Com a enxada nos ombros, o embornal de
lado, a moringa na mão, pega o trilho de casa. Nem assobia. Está com o corpo
aniquilado, seus passos são curtos, pausados. Quer demorar ainda mais a
chegar...
Apesar do cansaço do corpo, andaria a
noite toda se isso lhe tirasse da cabeça todas aquelas lembranças. Daria tudo e
faria qualquer coisa para não estar sozinho. Se ao menos tivesse alguém, uma
única viva alma pra prosear!
Bobagem! Ali só está ele. Ele e Deus,
como costuma pensar. Pena hoje Deus não se tornar homem e passar o Natal ali,
com ele! Poderiam conversar, comemorar, beber juntos. Arre, cada pensamento!
Gregório chega em sua casa. Nem tem
vontade de acender a lamparina. Banho então, nem pensar! Pra quê? Daqui a pouco
se encharca de pinga e aí é uma água só! Antes, porém, precisa comer alguma
coisa. Ainda bem que deixou uma panela de arroz sobre o fogão de lenha, e tem
linguiça dependurada na despensa. É o suficiente.

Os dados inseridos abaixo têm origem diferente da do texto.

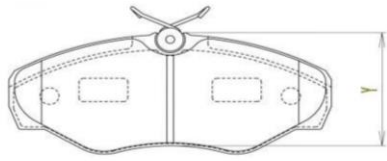

## **BRAKE PAD**

X: 145.1    Y: 58.0    Z: 17.8

D1277H

X: 102.4    Y: 43.0    Z: 15.3

D2299MH

X: 95.7    Y: 40.5    Z: 14.8

D5150MH

X: 122.9    Y: 50.8    Z: 15.8

Enquanto acende a lamparina, faz uma
oração para o Menino Jesus. Afinal, é o Seu dia! Tem que rezar agora porque,
depois não vai lembrar nem do seu nome, quanto mais de oração!
Junta ao arroz uns pedaços de linguiça,
atiça as brasas do fogão, coloca umas palhas de milho para aumentar o fogo e
aquece a comida. O cheiro é divino! Chega a lhe dar água na boca!
Arranca as botinas, tira a camisa, passa
as mãos pelos cabelos e puxa o banco para perto da mesa. Ia enfiando a primeira
colherada de comida boca adentro, quando ouve uma voz:
- Ô
de casa!
Gregório estremece de susto. Quem
poderia ser a essa hora da noite? Pela voz imagina ser uma pessoa idosa. Voz
rouca, trêmula mesmo!
- Ô
de fora! Já tô indo!
Ainda sem se refazer do susto, Gregório
sai rapidamente pela porta da cozinha, levando a lamparina nas mãos. Assusta-se
ainda mais diante do que vê. Meu Deus, que trapo humano! Um homem, as roupas em
farrapos, pés descalços, cabelos ensebados, barbas enormes, corpo magro,
arqueado, rosto bem feito, mas incrivelmente abatido. Olheiras escuras e
profundas. A magreza excessiva deixa-lhe os ossos da face saltados, salientes.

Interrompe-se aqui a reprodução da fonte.